Exercise description: Filter the listing below, copying every line in which the word "около" appears.

START Input material

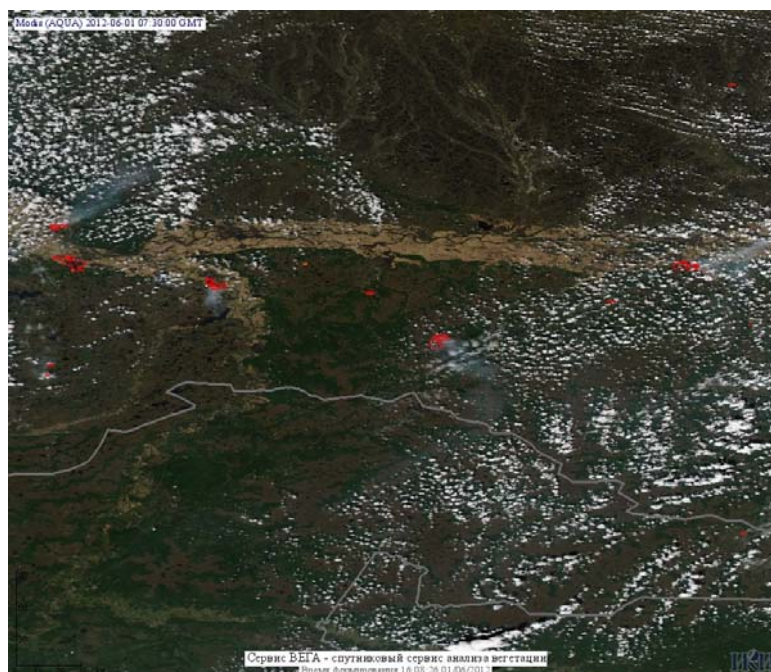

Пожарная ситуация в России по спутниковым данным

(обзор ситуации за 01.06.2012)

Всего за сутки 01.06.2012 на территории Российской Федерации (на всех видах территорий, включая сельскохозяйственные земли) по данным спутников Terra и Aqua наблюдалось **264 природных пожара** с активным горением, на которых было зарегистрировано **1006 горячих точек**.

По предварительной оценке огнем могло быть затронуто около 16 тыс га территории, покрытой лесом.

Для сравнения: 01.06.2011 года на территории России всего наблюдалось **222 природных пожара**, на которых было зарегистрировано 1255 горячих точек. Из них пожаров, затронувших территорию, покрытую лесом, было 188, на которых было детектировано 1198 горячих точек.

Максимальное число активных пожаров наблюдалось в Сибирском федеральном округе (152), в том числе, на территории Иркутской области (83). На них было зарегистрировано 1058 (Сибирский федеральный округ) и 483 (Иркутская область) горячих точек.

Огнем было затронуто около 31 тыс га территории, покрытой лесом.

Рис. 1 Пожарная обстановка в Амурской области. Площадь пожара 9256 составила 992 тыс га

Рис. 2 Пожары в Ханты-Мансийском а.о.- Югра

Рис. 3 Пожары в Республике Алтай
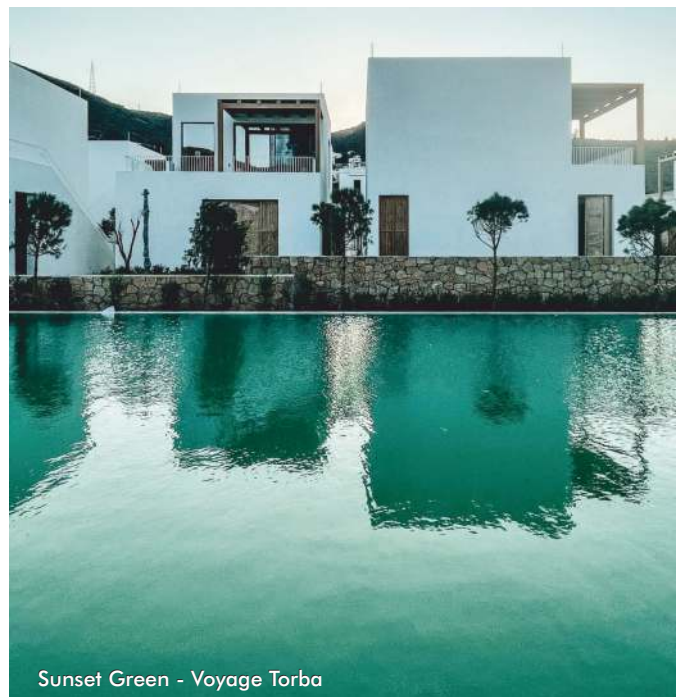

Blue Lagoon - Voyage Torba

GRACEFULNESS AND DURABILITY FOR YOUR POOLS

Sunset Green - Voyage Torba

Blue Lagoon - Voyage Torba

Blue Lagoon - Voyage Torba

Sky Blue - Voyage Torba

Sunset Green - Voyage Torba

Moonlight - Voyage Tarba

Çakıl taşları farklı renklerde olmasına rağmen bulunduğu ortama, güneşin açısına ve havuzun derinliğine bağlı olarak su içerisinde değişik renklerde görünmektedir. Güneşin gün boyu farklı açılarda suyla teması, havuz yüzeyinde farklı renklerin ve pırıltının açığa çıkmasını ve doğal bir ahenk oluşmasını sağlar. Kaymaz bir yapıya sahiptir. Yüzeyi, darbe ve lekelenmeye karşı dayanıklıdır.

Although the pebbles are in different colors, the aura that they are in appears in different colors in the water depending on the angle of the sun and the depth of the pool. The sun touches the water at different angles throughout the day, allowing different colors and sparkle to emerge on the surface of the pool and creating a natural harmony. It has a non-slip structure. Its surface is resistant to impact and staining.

END Input material
START Input material

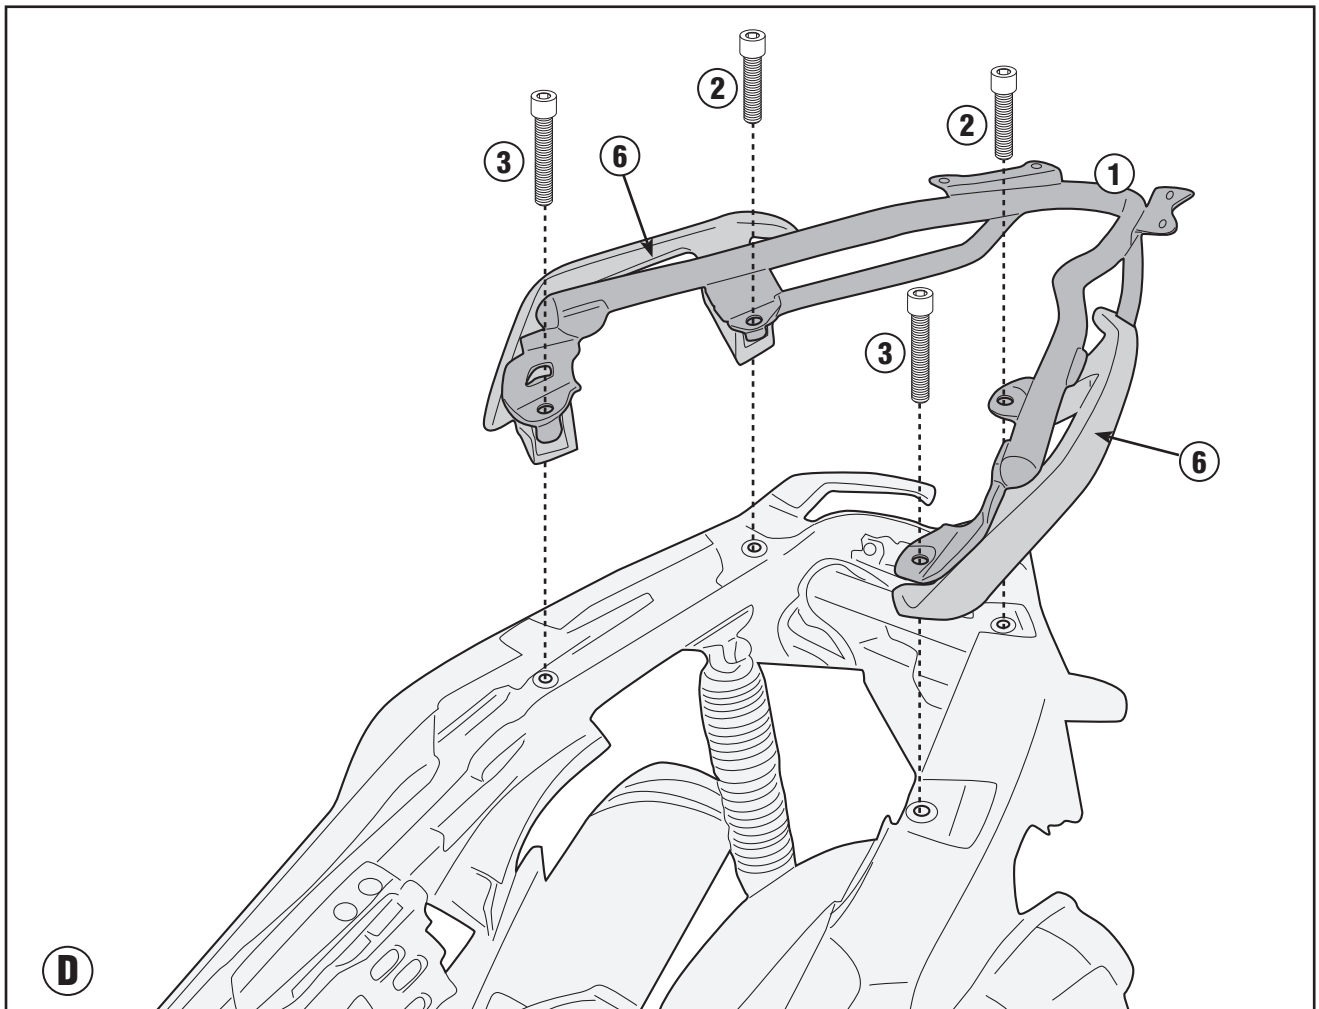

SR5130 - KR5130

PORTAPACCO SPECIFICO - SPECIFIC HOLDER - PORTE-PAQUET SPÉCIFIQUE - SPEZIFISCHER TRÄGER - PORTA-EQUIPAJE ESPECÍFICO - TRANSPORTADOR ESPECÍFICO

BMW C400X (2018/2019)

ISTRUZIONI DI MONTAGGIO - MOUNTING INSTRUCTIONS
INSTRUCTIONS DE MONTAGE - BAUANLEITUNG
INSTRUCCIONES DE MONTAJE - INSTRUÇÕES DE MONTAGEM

END Input material
START Input material

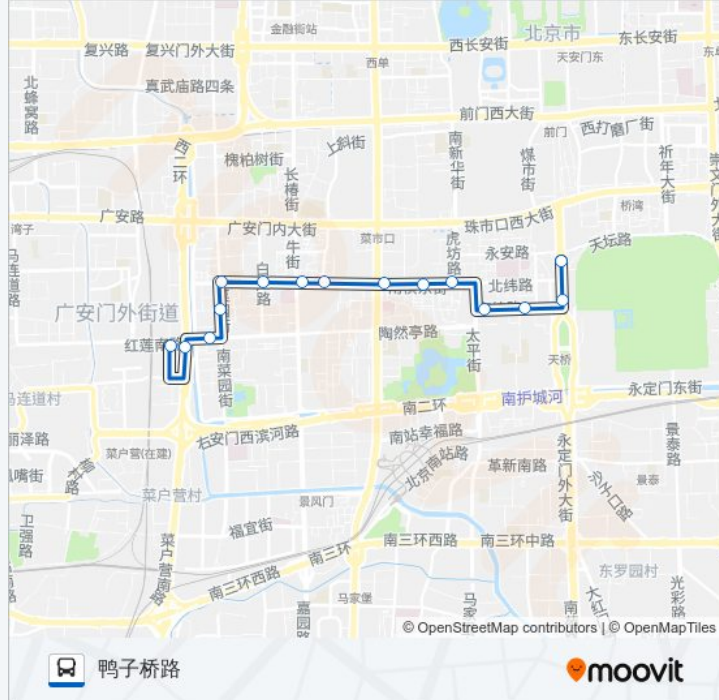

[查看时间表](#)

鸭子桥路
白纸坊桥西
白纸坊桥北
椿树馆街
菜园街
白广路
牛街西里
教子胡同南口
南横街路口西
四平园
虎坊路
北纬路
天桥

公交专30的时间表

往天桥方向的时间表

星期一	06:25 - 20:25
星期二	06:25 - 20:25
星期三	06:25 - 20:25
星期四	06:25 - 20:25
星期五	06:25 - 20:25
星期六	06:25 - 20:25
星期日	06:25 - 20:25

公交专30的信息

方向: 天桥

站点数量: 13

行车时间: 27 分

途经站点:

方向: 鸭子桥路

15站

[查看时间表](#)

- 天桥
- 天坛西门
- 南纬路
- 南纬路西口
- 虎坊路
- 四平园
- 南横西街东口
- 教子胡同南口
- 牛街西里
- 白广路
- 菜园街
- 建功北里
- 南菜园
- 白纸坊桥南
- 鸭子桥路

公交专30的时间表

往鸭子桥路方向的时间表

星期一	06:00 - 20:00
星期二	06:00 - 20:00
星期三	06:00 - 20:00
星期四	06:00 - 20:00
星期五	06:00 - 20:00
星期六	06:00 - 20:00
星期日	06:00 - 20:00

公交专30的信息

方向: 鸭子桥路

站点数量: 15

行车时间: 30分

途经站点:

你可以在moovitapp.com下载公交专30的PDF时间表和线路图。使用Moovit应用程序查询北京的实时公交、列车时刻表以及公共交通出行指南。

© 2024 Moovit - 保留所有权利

END Input material

Solution to the problem:
По предварительной оценке огнем могло быть затронуто около 16 тыс га территории, покрытой лесом.
Огнем было затронуто около 31 тыс га территории, покрытой лесом.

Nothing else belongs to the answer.